> _The data_:
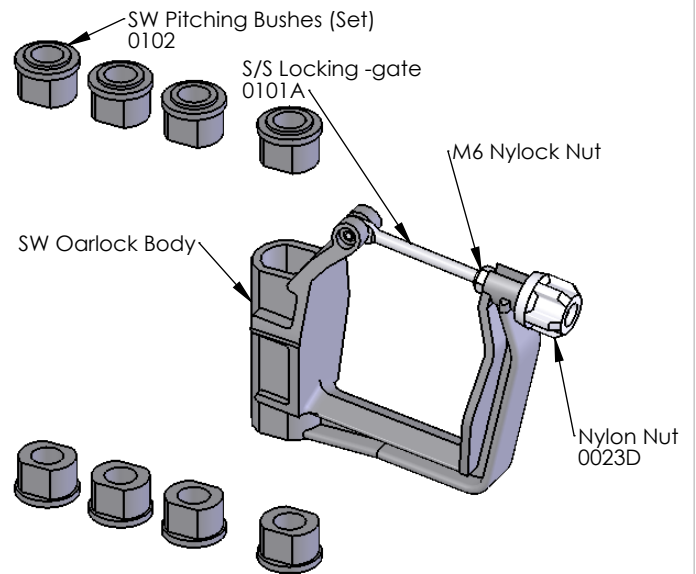

**Sweep Rigger Sets Complete:**

- 0427 2- SMART Coxless Pair
- 0429 4+ SMART Coxed Four
- 0430 4- SMART Coxless Four
- 0431 8+ SMART Eight

**Sweep Rigger Complete SMART Type 0347**

Anodising Per frame 0317B

Anodising Per Yoke 0317C

**Sweep SMART Yoke Complete 0345A**

Height Washer 0005B

**Sweep Oarlock (Croker) Complete (Other names; Gate or Swivel) 0101**

**Hull Protection Plates Set 0311**

> _Task item_: All records above are to be repeated exactly, with the images left out.

> _Response_:
**Sweep Rigger Sets Complete:**

- 0427 2- SMART Coxless Pair
- 0429 4+ SMART Coxed Four
- 0430 4- SMART Coxless Four
- 0431 8+ SMART Eight

**Sweep Rigger Complete SMART Type 0347**

Anodising Per frame 0317B

Anodising Per Yoke 0317C

**Sweep SMART Yoke Complete 0345A**

Height Washer 0005B

**Sweep Oarlock (Croker) Complete (Other names; Gate or Swivel) 0101**

**Hull Protection Plates Set 0311**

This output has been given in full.